Senator Tim Kaine may have helped Hillary Clinton secure thirteen electoral votes, but privately she blames her running mate for her 2016 loss to President Donald J. Trump, a former staffer for the campaign tells The Chronicle.
Clinton believes that Kaine was the wrong choice as a running mate. He had been selected because Clinton’s advisers were sure that he wouldn’t overshadow the top of the ticket. At the time, they feared that selecting a minority or an individual with too much charisma would make Clinton look boring by comparison.
“At a time when white men are loathed inside the Democratic Party, Hillary chose Tim.
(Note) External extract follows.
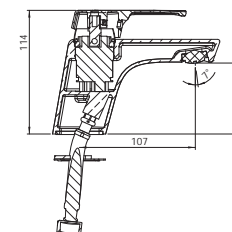

Pillar Cock with Aerator

G2302A1
G2302A1GF

In hindsight she should not have selected a southerner… [she] should have selected someone of the Rust Belt constituency, like Sherrod Brown of Ohio,” the source explains.
“Hillary didn’t have good strategists,” he concedes. “She was very poorly served by the people around her and they completely took the Rust Belt for granted.”
Clinton had wanted badly to name an African American to the ticket, and serious discussions were had about nominating Governor Deval Patrick, but Massachusetts was already in the bag.
A faction of campaign advisers wanted Clinton to name another woman to the ticket. Nominating Senator Susan Collins would have allowed Clinton to project a narrative of bipartisanship and would have opened up a Senate seat in a Democrat-leaning state.
But Clinton’s advisers were young and found the entire notion of bipartisanship generally distasteful. They were more worried about exciting the progressive base following a difficult primary challenge in Bernie Sanders. Many of her campaign aides felt uncomfortable with the centrist brand that the Clintons had built in the 1990s and later in the Senate.
In the end, Clinton herself nixed the idea of naming a woman to the ticket as being ‘too precedent-setting’. Others felt that Clinton didn’t want to share the spotlight with another ‘first’, while Robbie Mook — who wielded enormous power over the Clinton brand — felt that Virginia was the middle ground, where the Democratic Party’s growth opportunity was most ripe.
In hindsight, they were appealing to the wrong base.